Barry and Pam Abell
About the Guest
Money can't buy happiness. Hear the compelling story of Barry and Pam Abell, an upscale couple who seemingly had it all, until they gave it all up for a rich relationship with Christ and each other.
Money can’t buy happiness.
Barry and Pam Abell
Bob: Barry Abell remembers when he first started having spiritual questions, and he remembers that he had no idea where to go to get those spiritual questions answered.
Barry: I had tried to search out a Christian in New Jersey who could explain to me Who this Jesus was—what this book, the Bible, was—where it came from, could I trust my life to it? And for the first time in my life, I began to question whether I was—I always thought: “I’m an American, born and raised in New Jersey. What else could I be but a Christian?” So, I began to do a strange thing. I began to read the Bible and began to see who Jesus said was a Christian and who wasn’t.
Bob: This is FamilyLife Today on Friday, March 29th. Our host is the President of FamilyLife®, Dennis Rainey, and I'm Bob Lepine. Barry Abell had no idea what he’d gotten his hands on that day when he opened his Bible—the living, active, sharp as a scalpel Word of God, in the hands of the Great Physician. Stay tuned.
And welcome to FamilyLife Today. Thanks for joining us on the Friday edition—the Good Friday edition—as we prepare, this weekend, for the celebration of the Resurrection. You think about the resurrection of Jesus and the fact that we have forgiveness of sin because Christ was raised from the dead. We have a hope for eternity because Christ was raised from the dead.
But there’s something else we have; and that is, the promise of transformation—the promise that God will do, in us, a transforming work—that He’ll change us from the people we are to the people we were created to be. We are hearing a story, this week, from friends of ours, Barry and Pam Abell, who speak at our Weekend to Remember®marriage getaways. You guys—by the way, welcome back to FamilyLife Today.
You guys have already shared with us about your own story—about your marriage, how you attended high school together, you began dating the summer after your senior year, got married about three years after that; right?
Bob: You have two children.
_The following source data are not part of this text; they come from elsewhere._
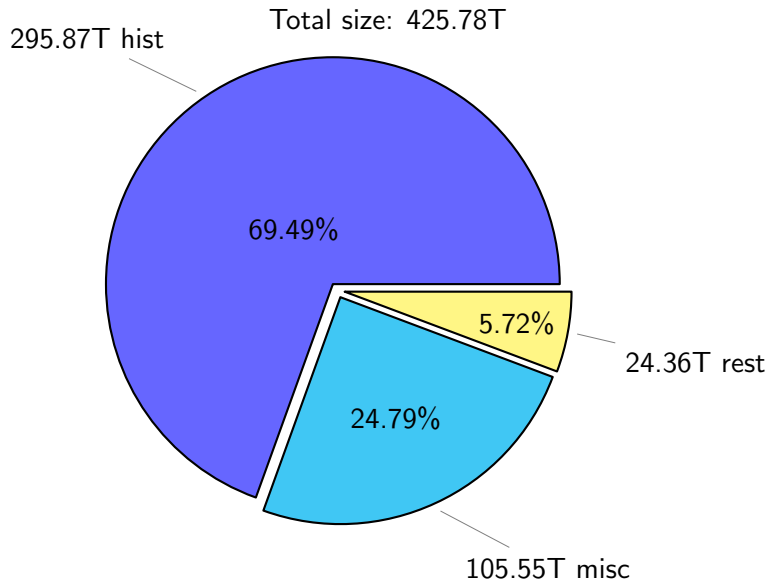

NS9039K total disk usage

Total size: 425.78T

133.42T ingo

94.85T ywang

24.87T others

13.92T edu061

17.46T sbarthelem

19.96T akhilesh

54.80T ach051

NS9039K file types usage

NS9039K history files usage

Total size: 295.87T

NS9039K restart files usage

Total size: 24.36T

NS9039K misc files usage

NS9039K total compressed

NS9039K uncompressed files usage

Total size: 96.49T
49.91T ach051

NS9039K NorCPM/cases/*

No data

NS9039K shared/*

No data
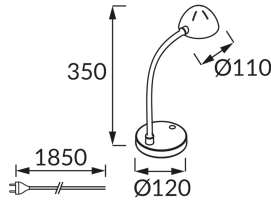

PRODUCT INFORMATION SHEET

Replaceability of light sources and/or control gears without product permanent damage

BASIC INFORMATION

Product name:	RONI LED GREEN
Ideus index:	02875
EAN barcode:	5901477328756
Colour :	Green
Materials:	Stainless steel, ABS
Height:	350 mm
Width:	120 mm
Depth:	110 mm
Box packaging:	20 pcs

PRODUCT PARAMETERS

Power supply:	230V 50Hz
Power:	4 W
Dedicated light source:	SMD LED, in set
	Non-replaceable light source
	Do not use with a mains dimmer
Luminaire luminous flux:	248 lm
Light colour:	Neutral white
Luminous beam angle:	120°
Shelf life L70B50 in h:	35 000 h
	On/off switch
Product offer the possibility of adjusting the illumination direction:	Yes
Light source luminous flux for a reference colour temperature:	290 lm
Colour temperature:	4100 K
Colour rendering index Ra:	81
Electric shock protection class:	2/3
Degree of protection provided against intrusion dust, accidental contact and water:	IP20
	For indoor use
Displacement factor (DF, cos φ1):	0.565
CE	Declaration of conformity
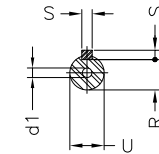

1 2 3 4 5 6 7 8

A

B

C

D

E

F

Notes: Downloaded from <http://dealerselectric.com>
Generated for Model #001520T3E182T

Performed by:

Checked:

Customer:

ODP – Open Induction Motors – NEMA Premium Efficiency

Three-phase induction motor
Frame 182T - IP21

12-SEP-2016

2E 7.500	J 1.171	A 8.661	P 7.637	AB 6.575
2F 4.500/5.500	K 1.988	B 6.299	BA 2.750	U 1.125
d1 A 4	N-W 2.750	ES 1.969	S 0.250	R 0.984
depth 0.250	D 4.500	G 0.187	O 8.307	H 0.406
C 13.504	AA NPT 3/4"			
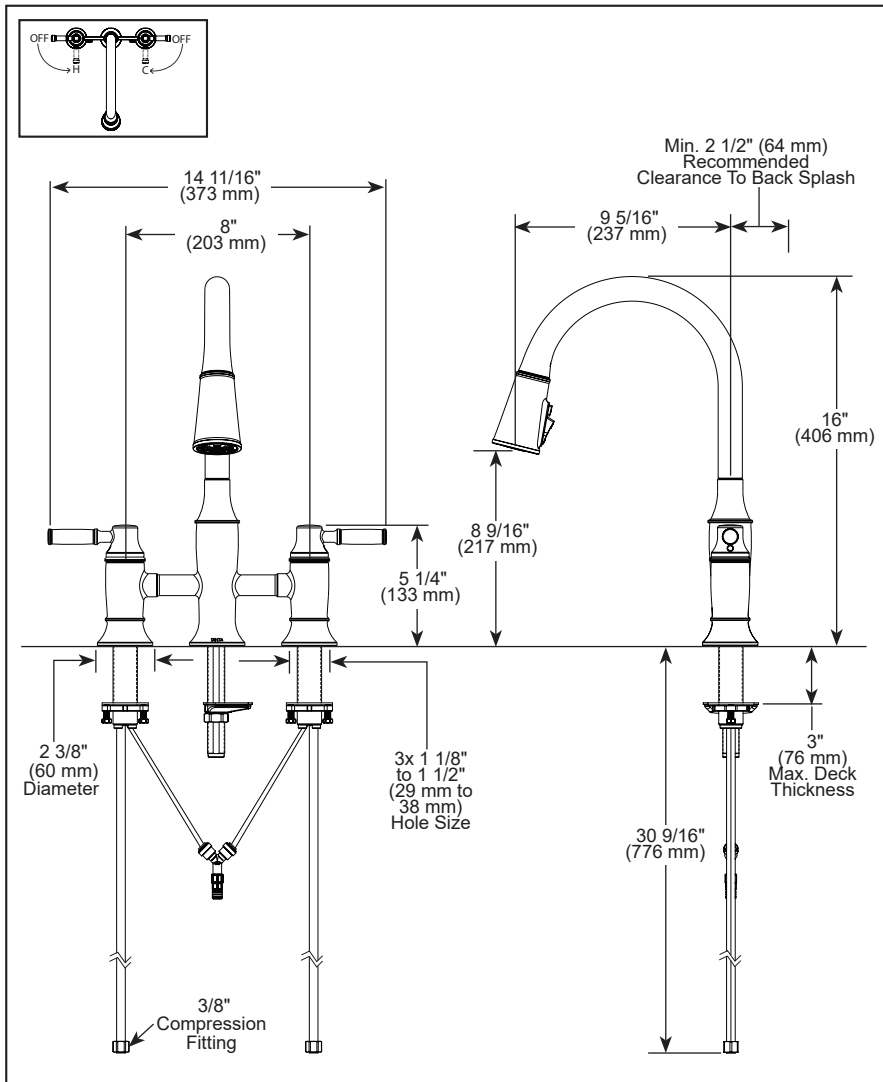

STANDARD SPECIFICATIONS:

- Max flow rate 1.8 gpm @ 60 psi, 6.8 L/min @ 414 kPa
- Three hole mount
- Ceramic cartridges
- Spout rotates 360°
- Solid brass body - DST construction
- 1/4 turn handle stops
- Hot and cold stems are interchangeable
- Three-function wand; aerated stream, spray and Pro Clean™ Spray

COMPLIES WITH:

- ASME A112.18.1/ CSA B125.1
- ♿ Indicates compliance to ICC/ANSI A117.1 - Valve control only

▲ Designate Proper Finish Suffix

Delta reserves the right (1) to make changes in specifications and materials, and (2) to change or discontinue models, both without notice or obligation. Dimensions are for reference only. See current full-line price book or www.deltafaucet.com for finish options and product availability.

DSP-K-2384L-DST Rev. A

Delta Faucet Company
55 E. 111th Street, Carmel, IN 46280
350 South Edgeware Road, St. Thomas, ON N5P 4L1
© 2024 Delta Faucet Company
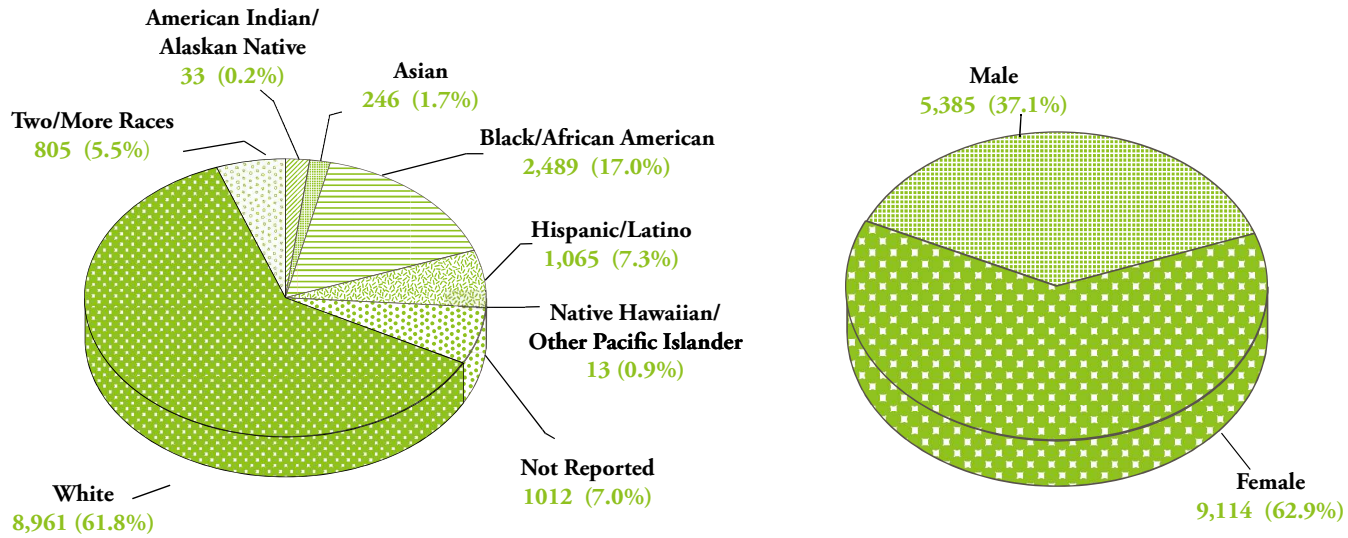

# Number of Students by Ethnicity and Gender Fall 2016

**Total Enrollment = 14,499**

Source: IR Extract Files

Barry, you were working on Wall Street, as an investment banker; is that right?
Barry: I was a municipal bond trader.
Bob: Okay, trading in municipal bonds. Your work schedule turned up the heat. At home, the heat was getting turned up by your oldest son, Mark, who had ADHD. All of a sudden, the two of you had drifted into isolation. That’s where you came to a point in your marriage—you were on vacation—and it was Chuck Colson who was instrumental in leading you to Christ; right, Pam?
Pam: Yes. He didn't know it at the time; but he wrote a wonderful book, which I read. It changed my life.
Bob: The book was the story of his own conversion called Born Again. Barry, you read it that same weekend and kind of yawned; right?
Barry: Well, I thought it was a good book on politics.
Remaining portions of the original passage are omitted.